TASK DIRECTIONS — For every entry that follows, return the words exactly and omit any picture.

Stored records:
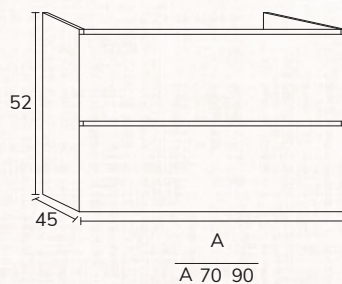

SMART

Notre collection Express

Composez votre commande et récupérez-la sous 10 jours.

SERVICE EXPRESS

PRIX ÉCONOMIQUE

VASQUE CÉRAMIQUE INCLUSE

EN OPTION : MIROIR ET APPLIQUE

01. Meuble avec vasque céramique incluse
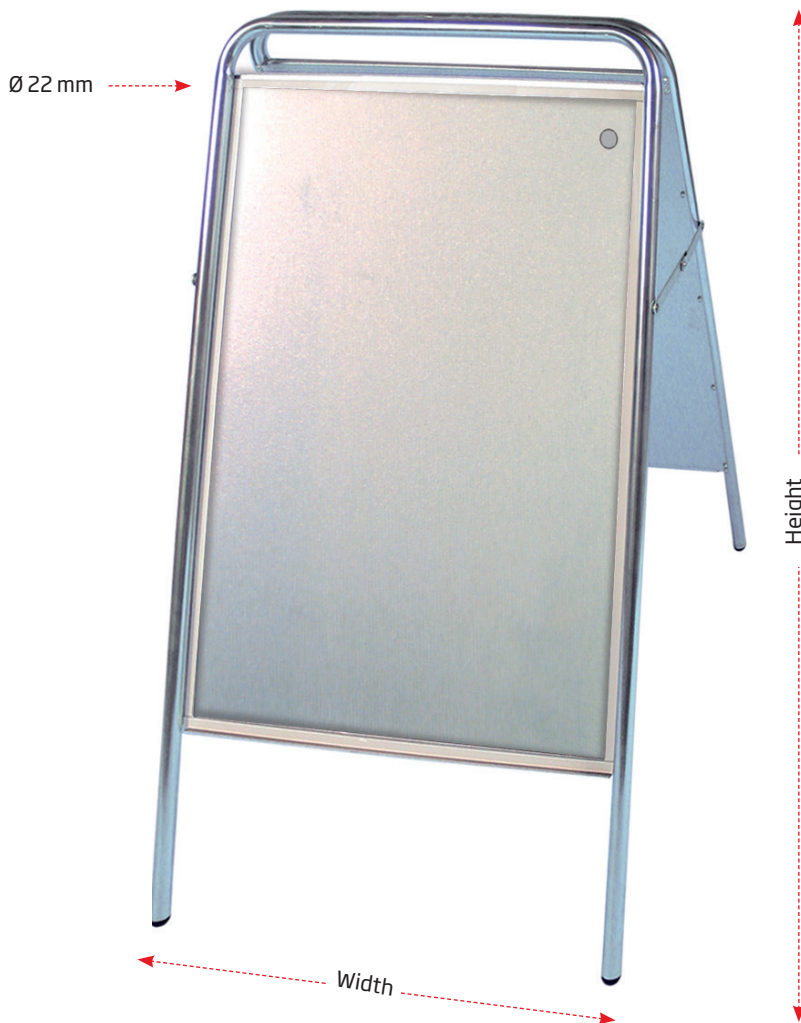

RAL 9003

RAL 3020

RAL 9006

RAL 9005

Produced in 22 mm phosphated and polyester lacquered steel tubes. Non-corrosive alu-zinc back-sheets. Anti-reflex APET front panels with magnetic closure, included.

Strassenstände - 22 mm Stahlrohr, phosphatiert und polyesterlackiert. Rostfreie und unlackierte Alu-Zink Rückplatten. Entspiegelte APET Frontplatten mit Magnet.

Gadeskilt poduceret i 22 mm stålør, fosfateret og polyesterlakeret. Med rustfri, ulakerede alu-zink bagplader og antireflex APET frontplader med magnetlukning.

Model	Art.no.	Poster size	Colour	Total W x H	Package size and weight	Pallet size and quantity
105	3303	29,7 x 42 cm A3	White	38 x 65 cm	48 x 80 x 6 cm 4 kg	80 x 120 x 220 cm 50 pcs.
-	3311	42 x 59,4 cm A2	White	50 x 86 cm	60 x 101 x 6 cm 9 kg	80 x 120 x 220 cm 25 pcs.
-	3313	50 x 70 cm	White	58 x 92 cm	60 x 101 x 6 cm 11 kg	80 x 120 x 220 cm 25 pcs.
-	3314	50 x 70 cm	Red	58 x 92 cm	60 x 101 x 6 cm 11 kg	80 x 120 x 220 cm 25 pcs.
-	3313SI	50 x 70 cm	Silver	58 x 92 cm	60 x 101 x 6 cm 11 kg	80 x 120 x 220 cm 25 pcs.
-	3313BL	50 x 70 cm	Black	58 x 92 cm	60 x 101 x 6 cm 11 kg	80 x 120 x 220 cm 25 pcs.
-	3315	59,4 x 84,1 cm A1	White	68 x 114 cm	70 x 120 x 7 cm 14 kg	80 x 120 x 220 cm 20 pcs.
-	3316	59,4 x 84,1 cm A1	Red	68 x 114 cm	70 x 120 x 7 cm 14 kg	80 x 120 x 220 cm 20 pcs.
-	3315SI	59,4 x 84,1 cm A1	Silver	68 x 114 cm	70 x 120 x 7 cm 14 kg	80 x 120 x 220 cm 20 pcs.
-	3315BL	59,4 x 84,1 cm A1	Black	68 x 114 cm	70 x 120 x 7 cm 14 kg	80 x 120 x 220 cm 20 pcs.
-	3317	70 x 100 cm	White	78 x 126 cm	81 x 138 x 7 cm 17 kg	80 x 150 x 220 cm 20 pcs.
-	3318	70 x 100 cm	Red	78 x 126 cm	81 x 138 x 7 cm 17 kg	80 x 150 x 220 cm 20 pcs.
-	3317SI	70 x 100 cm	Silver	78 x 126 cm	81 x 138 x 7 cm 17 kg	80 x 150 x 220 cm 20 pcs.
-	3317BL	70 x 100 cm	Black	78 x 126 cm	81 x 138 x 7 cm 17 kg	80 x 150 x 220 cm 20 pcs.
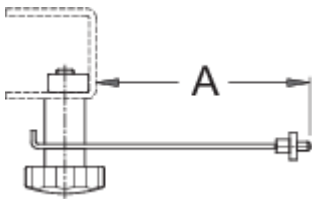

εξάρτημα για το 1688

1688.2

Προφίλ

Χαρακτηριστικά προϊόντος

- Ανταλλακτικό για τον κεντραριστή τροχών για οικιακή χρήση-1688

621616

A

96

74

* Οι εικόνες των προϊόντων είναι συμβολικές. Όλες οι διαστάσεις είναι σε mm, το βάρος είναι σε γραμμάρια. Όλες οι αναφερόμενες διαστάσεις μπορεί να διαφέρουν σε ανοχές.
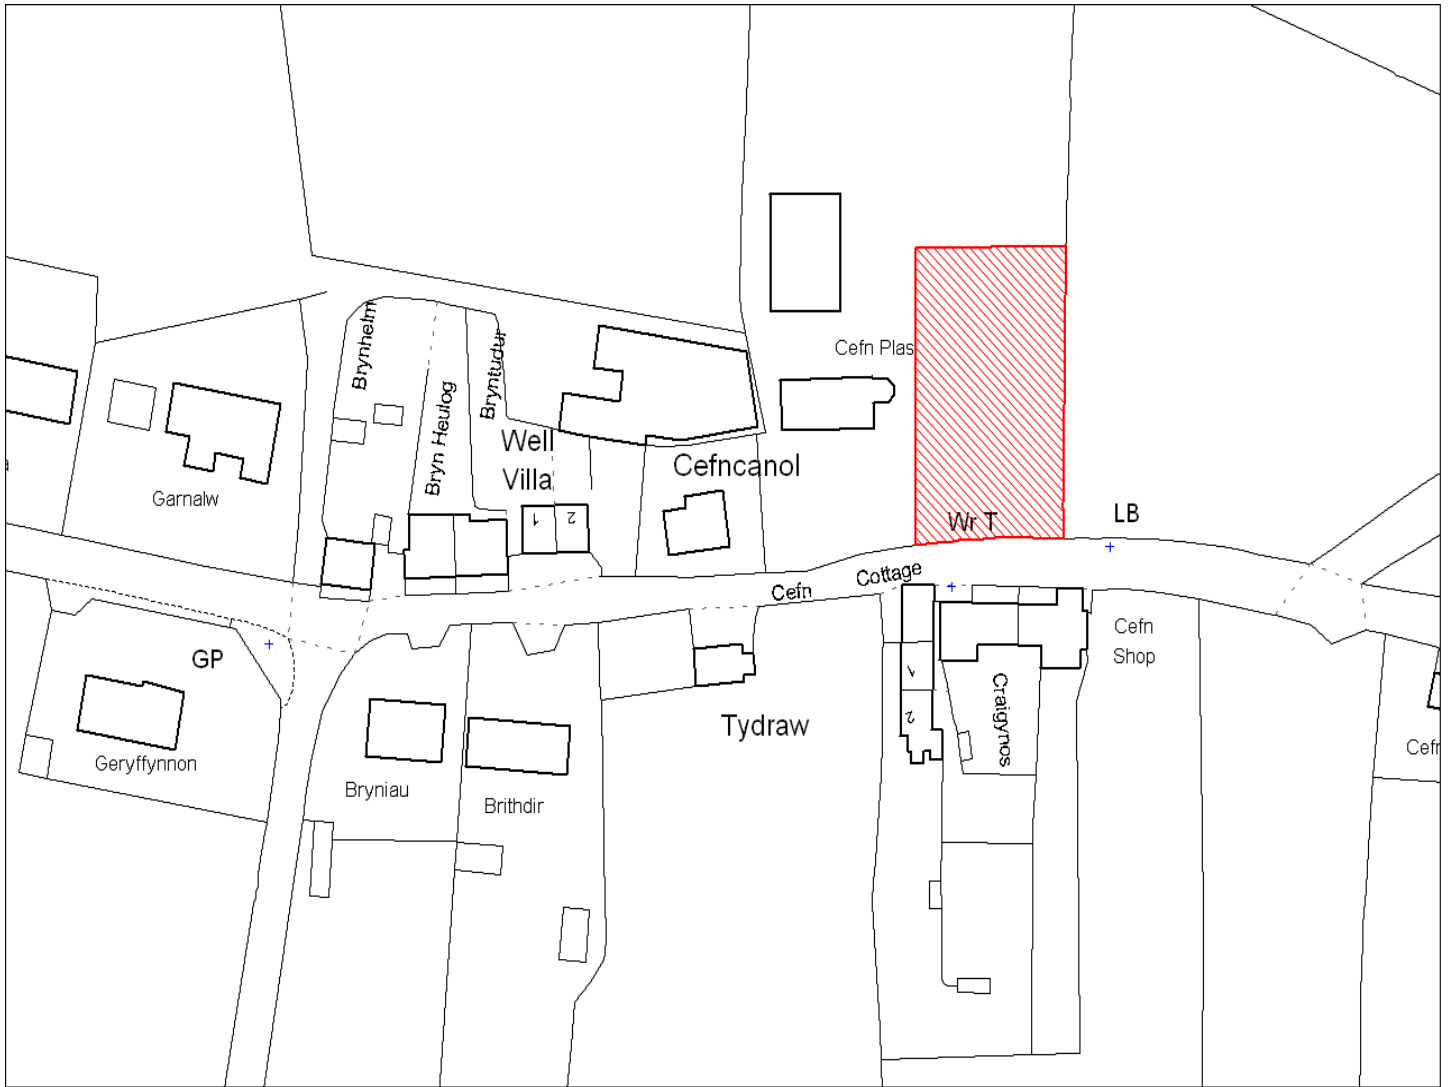

Cynllun Datblygu Lleol Sir Gaerfyrddin: Cofrestr y Safleoedd sy'n Gwneud Cais
Carmarthenshire Local Development Plan: Candidate Site Register

© Hawlfraint y Goron. Cedwir pob hawl 100023377

© Crown Copyright. All rights reserved 100023377

Enw's Annheddfan	Saron
Settlement:	Saron
Cyf. Safle / Site Ref:	170-003
Cyf. / CS Reference	CS1021
Enw / Lleoliad y Safle:	Ger Plas Cefn Canol, Saron, Llandysul
Name / Location of Site:	Adjacent to Plas Cefn Canol, Saron, Llandysul
Maint y safle / SiteArea (Ha):	0.11
Y Defnydd Presennol a wneir o'r Safle:	Gardd
Current Use of Site:	Garden
Y Defnydd Arfaethedig i'w wneud o'r Safle:	Tir preswyl
Proposed Use of Site:	Residential
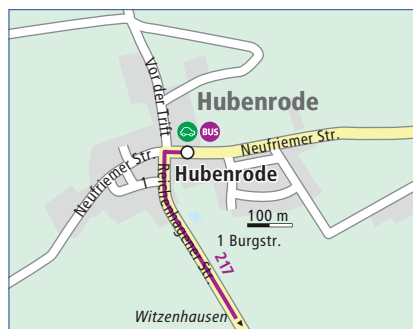

» Mobilfalt-Linie 217: Hubenrode –Witzenhausen

Linie 217 ab Hubenrode

Richtung Witzenhausen

Mo–Fr		Sa		So+F
5.32	14.00 (S)	5.45	19.00	7.55
6.43 (S)	15.00 (F)	7.00	19.55	alle 60
7.00 (F)	15.20 (S)	7.55	20.55	Min.
8.04 (S)	15.55 (F)	9.00	21.55	22.55
7.55 (F)	16.20 (S)	9.55	22.55	
9.00	17.00	11.00		
9.55 (F)	17.55 (F)	11.55		
10.00 (S)	18.00 (S)	13.00		
11.00	19.00	13.55		
11.55 (F)	19.55	15.00		
12.10 (S)	20.55	15.55		
13.00	21.55	17.00		
13.55 (F)	22.55	17.55		

S = an Schultagen

F = in den Ferien und an schulfreien Tagen

Linie 217 ab Witzenhausen

Richtung Hubenrode

Mo–Fr		Sa		So+F
5.20	14.38 (F)	6.38	18.38	8.43
6.38 (F)	14.48 (S)	7.43	19.43	alle 60
7.23 (S)	15.43 (F)	8.38	alle 60	Min.
7.43 (F)	15.48 (S)	9.43	Min.	0.43
8.08 (S)	16.38	10.38	0.43	
8.38 (F)	17.38 (S)	11.43		
9.38 (S)	17.43 (F)	12.38		
9.43 (F)	18.38	13.43		
10.38	19.43	14.38		
11.38 (S)	20.43	15.43		
11.43 (F)	21.43	16.38		
12.38	22.43	17.43		
13.38 (S)	23.53			
13.43 (F)	0.43

EXERCISE RESULT —
SMART

Notre collection Express

Composez votre commande et récupérez-la sous 10 jours.

SERVICE EXPRESS

PRIX ÉCONOMIQUE

VASQUE CÉRAMIQUE INCLUSE

EN OPTION : MIROIR ET APPLIQUE

01. Meuble avec vasque céramique incluse

RAL 9003

RAL 3020

RAL 9006

RAL 9005

Produced in 22 mm phosphated and polyester lacquered steel tubes. Non-corrosive alu-zinc back-sheets. Anti-reflex APET front panels with magnetic closure, included.

Strassenstände - 22 mm Stahlrohr, phosphatiert und polyesterlackiert. Rostfreie und unlackierte Alu-Zink Rückplatten. Entspiegelte APET Frontplatten mit Magnet.

Gadeskilt poduceret i 22 mm stålør, fosfateret og polyesterlakeret. Med rustfri, ulakerede alu-zink bagplader og antireflex APET frontplader med magnetlukning.

Model	Art.no.	Poster size	Colour	Total W x H	Package size and weight	Pallet size and quantity
105	3303	29,7 x 42 cm A3	White	38 x 65 cm	48 x 80 x 6 cm 4 kg	80 x 120 x 220 cm 50 pcs.
-	3311	42 x 59,4 cm A2	White	50 x 86 cm	60 x 101 x 6 cm 9 kg	80 x 120 x 220 cm 25 pcs.
-	3313	50 x 70 cm	White	58 x 92 cm	60 x 101 x 6 cm 11 kg	80 x 120 x 220 cm 25 pcs.
-	3314	50 x 70 cm	Red	58 x 92 cm	60 x 101 x 6 cm 11 kg	80 x 120 x 220 cm 25 pcs.
-	3313SI	50 x 70 cm	Silver	58 x 92 cm	60 x 101 x 6 cm 11 kg	80 x 120 x 220 cm 25 pcs.
-	3313BL	50 x 70 cm	Black	58 x 92 cm	60 x 101 x 6 cm 11 kg	80 x 120 x 220 cm 25 pcs.
-	3315	59,4 x 84,1 cm A1	White	68 x 114 cm	70 x 120 x 7 cm 14 kg	80 x 120 x 220 cm 20 pcs.
-	3316	59,4 x 84,1 cm A1	Red	68 x 114 cm	70 x 120 x 7 cm 14 kg	80 x 120 x 220 cm 20 pcs.
-	3315SI	59,4 x 84,1 cm A1	Silver	68 x 114 cm	70 x 120 x 7 cm 14 kg	80 x 120 x 220 cm 20 pcs.
-	3315BL	59,4 x 84,1 cm A1	Black	68 x 114 cm	70 x 120 x 7 cm 14 kg	80 x 120 x 220 cm 20 pcs.
-	3317	70 x 100 cm	White	78 x 126 cm	81 x 138 x 7 cm 17 kg	80 x 150 x 220 cm 20 pcs.
-	3318	70 x 100 cm	Red	78 x 126 cm	81 x 138 x 7 cm 17 kg	80 x 150 x 220 cm 20 pcs.
-	3317SI	70 x 100 cm	Silver	78 x 126 cm	81 x 138 x 7 cm 17 kg	80 x 150 x 220 cm 20 pcs.
-	3317BL	70 x 100 cm	Black	78 x 126 cm	81 x 138 x 7 cm 17 kg	80 x 150 x 220 cm 20 pcs.

εξάρτημα για το 1688

1688.2

Προφίλ

Χαρακτηριστικά προϊόντος

- Ανταλλακτικό για τον κεντραριστή τροχών για οικιακή χρήση-1688

621616

A

96

74

* Οι εικόνες των προϊόντων είναι συμβολικές. Όλες οι διαστάσεις είναι σε mm, το βάρος είναι σε γραμμάρια. Όλες οι αναφερόμενες διαστάσεις μπορεί να διαφέρουν σε ανοχές.

Cynllun Datblygu Lleol Sir Gaerfyrddin: Cofrestr y Safleoedd sy'n Gwneud Cais
Carmarthenshire Local Development Plan: Candidate Site Register

© Hawlfraint y Goron. Cedwir pob hawl 100023377

© Crown Copyright. All rights reserved 100023377

Enw's Annheddfan	Saron
Settlement:	Saron
Cyf. Safle / Site Ref:	170-003
Cyf. / CS Reference	CS1021
Enw / Lleoliad y Safle:	Ger Plas Cefn Canol, Saron, Llandysul
Name / Location of Site:	Adjacent to Plas Cefn Canol, Saron, Llandysul
Maint y safle / SiteArea (Ha):	0.11
Y Defnydd Presennol a wneir o'r Safle:	Gardd
Current Use of Site:	Garden
Y Defnydd Arfaethedig i'w wneud o'r Safle:	Tir preswyl
Proposed Use of Site:	Residential

» Mobilfalt-Linie 217: Hubenrode –Witzenhausen

Linie 217 ab Hubenrode

Richtung Witzenhausen

Mo–Fr		Sa		So+F
5.32	14.00 (S)	5.45	19.00	7.55
6.43 (S)	15.00 (F)	7.00	19.55	alle 60
7.00 (F)	15.20 (S)	7.55	20.55	Min.
8.04 (S)	15.55 (F)	9.00	21.55	22.55
7.55 (F)	16.20 (S)	9.55	22.55	
9.00	17.00	11.00		
9.55 (F)	17.55 (F)	11.55		
10.00 (S)	18.00 (S)	13.00		
11.00	19.00	13.55		
11.55 (F)	19.55	15.00		
12.10 (S)	20.55	15.55		
13.00	21.55	17.00		
13.55 (F)	22.55	17.55		

S = an Schultagen

F = in den Ferien und an schulfreien Tagen

Linie 217 ab Witzenhausen

Richtung Hubenrode

Mo–Fr		Sa		So+F
5.20	14.38 (F)	6.38	18.38	8.43
6.38 (F)	14.48 (S)	7.43	19.43	alle 60
7.23 (S)	15.43 (F)	8.38	alle 60	Min.
7.43 (F)	15.48 (S)	9.43	Min.	0.43
8.08 (S)	16.38	10.38	0.43	
8.38 (F)	17.38 (S)	11.43		
9.38 (S)	17.43 (F)	12.38		
9.43 (F)	18.38	13.43		
10.38	19.43	14.38		
11.38 (S)	20.43	15.43		
11.43 (F)	21.43	16.38		
12.38	22.43	17.43		
13.38 (S)	23.53			
13.43 (F)	0.43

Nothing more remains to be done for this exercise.